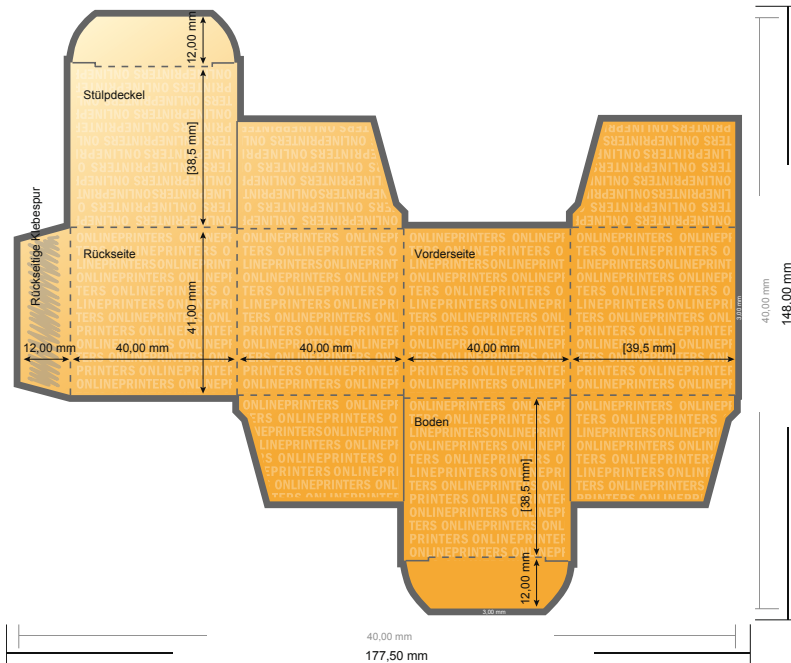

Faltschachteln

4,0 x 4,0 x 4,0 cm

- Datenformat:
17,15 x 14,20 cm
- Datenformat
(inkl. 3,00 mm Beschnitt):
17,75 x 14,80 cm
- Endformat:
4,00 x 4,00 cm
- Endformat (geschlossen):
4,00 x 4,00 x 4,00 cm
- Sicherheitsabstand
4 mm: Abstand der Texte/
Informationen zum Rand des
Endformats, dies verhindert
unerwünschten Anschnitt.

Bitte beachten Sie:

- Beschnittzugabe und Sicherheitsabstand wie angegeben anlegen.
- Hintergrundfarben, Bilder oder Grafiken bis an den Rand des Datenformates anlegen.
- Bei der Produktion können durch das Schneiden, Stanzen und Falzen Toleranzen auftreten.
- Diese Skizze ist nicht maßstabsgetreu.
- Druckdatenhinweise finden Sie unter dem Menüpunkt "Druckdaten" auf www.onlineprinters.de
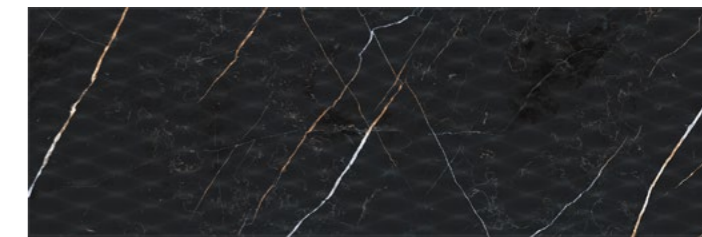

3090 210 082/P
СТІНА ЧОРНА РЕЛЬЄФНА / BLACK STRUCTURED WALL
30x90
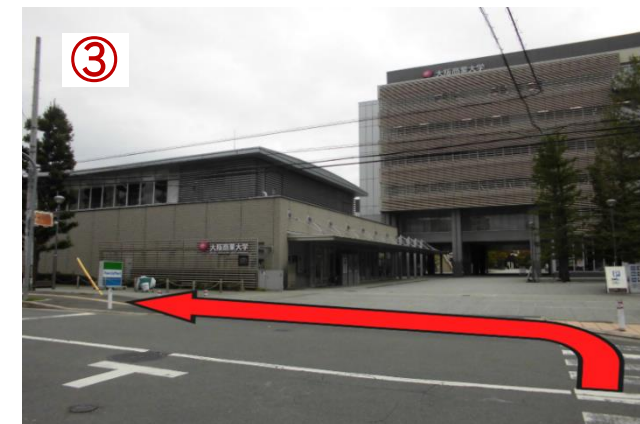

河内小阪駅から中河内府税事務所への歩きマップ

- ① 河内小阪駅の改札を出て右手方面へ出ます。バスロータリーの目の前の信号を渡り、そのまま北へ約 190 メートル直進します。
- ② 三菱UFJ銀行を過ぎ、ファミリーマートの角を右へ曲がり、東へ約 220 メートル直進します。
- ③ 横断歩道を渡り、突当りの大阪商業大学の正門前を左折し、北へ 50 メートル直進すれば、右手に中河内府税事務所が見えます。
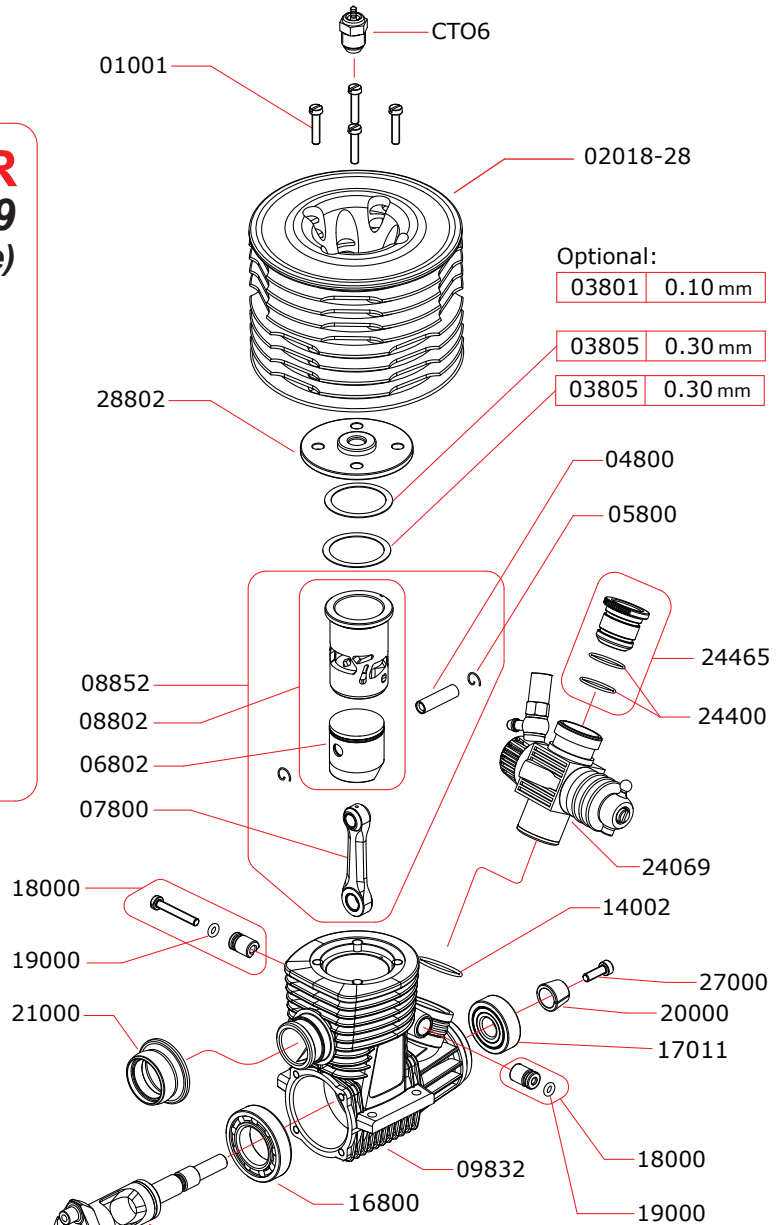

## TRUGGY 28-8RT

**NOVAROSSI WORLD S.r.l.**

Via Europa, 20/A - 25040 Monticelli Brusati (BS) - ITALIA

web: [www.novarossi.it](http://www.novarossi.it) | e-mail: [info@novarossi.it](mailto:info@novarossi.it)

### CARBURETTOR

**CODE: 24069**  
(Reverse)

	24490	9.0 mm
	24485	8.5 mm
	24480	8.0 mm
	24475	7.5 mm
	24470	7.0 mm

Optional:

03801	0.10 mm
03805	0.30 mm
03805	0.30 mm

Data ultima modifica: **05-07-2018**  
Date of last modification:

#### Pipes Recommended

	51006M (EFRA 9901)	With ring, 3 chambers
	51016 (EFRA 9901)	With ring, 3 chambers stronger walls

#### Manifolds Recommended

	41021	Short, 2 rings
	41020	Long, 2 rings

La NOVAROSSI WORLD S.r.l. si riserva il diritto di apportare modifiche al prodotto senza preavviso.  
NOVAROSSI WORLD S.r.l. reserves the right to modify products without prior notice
##############################
### [Instructions to follow]
The whole listing above must be set down again exactly, but without its images.

### [Answer box]
Faltschachteln

4,0 x 4,0 x 4,0 cm

- Datenformat:
17,15 x 14,20 cm
- Datenformat
(inkl. 3,00 mm Beschnitt):
17,75 x 14,80 cm
- Endformat:
4,00 x 4,00 cm
- Endformat (geschlossen):
4,00 x 4,00 x 4,00 cm
- Sicherheitsabstand
4 mm: Abstand der Texte/
Informationen zum Rand des
Endformats, dies verhindert
unerwünschten Anschnitt.

Bitte beachten Sie:

- Beschnittzugabe und Sicherheitsabstand wie angegeben anlegen.
- Hintergrundfarben, Bilder oder Grafiken bis an den Rand des Datenformates anlegen.
- Bei der Produktion können durch das Schneiden, Stanzen und Falzen Toleranzen auftreten.
- Diese Skizze ist nicht maßstabsgetreu.
- Druckdatenhinweise finden Sie unter dem Menüpunkt "Druckdaten" auf www.onlineprinters.de

3090 210 082/P
СТІНА ЧОРНА РЕЛЬЄФНА / BLACK STRUCTURED WALL
30x90

河内小阪駅から中河内府税事務所への歩きマップ

- ① 河内小阪駅の改札を出て右手方面へ出ます。バスロータリーの目の前の信号を渡り、そのまま北へ約 190 メートル直進します。
- ② 三菱UFJ銀行を過ぎ、ファミリーマートの角を右へ曲がり、東へ約 220 メートル直進します。
- ③ 横断歩道を渡り、突当りの大阪商業大学の正門前を左折し、北へ 50 メートル直進すれば、右手に中河内府税事務所が見えます。

## TRUGGY 28-8RT

**NOVAROSSI WORLD S.r.l.**

Via Europa, 20/A - 25040 Monticelli Brusati (BS) - ITALIA

web: [www.novarossi.it](http://www.novarossi.it) | e-mail: [info@novarossi.it](mailto:info@novarossi.it)

### CARBURETTOR

**CODE: 24069**  
(Reverse)

	24490	9.0 mm
	24485	8.5 mm
	24480	8.0 mm
	24475	7.5 mm
	24470	7.0 mm

Optional:

03801	0.10 mm
03805	0.30 mm
03805	0.30 mm

Data ultima modifica: **05-07-2018**  
Date of last modification:

#### Pipes Recommended

	51006M (EFRA 9901)	With ring, 3 chambers
	51016 (EFRA 9901)	With ring, 3 chambers stronger walls

#### Manifolds Recommended

	41021	Short, 2 rings
	41020	Long, 2 rings

La NOVAROSSI WORLD S.r.l. si riserva il diritto di apportare modifiche al prodotto senza preavviso.  
NOVAROSSI WORLD S.r.l. reserves the right to modify products without prior notice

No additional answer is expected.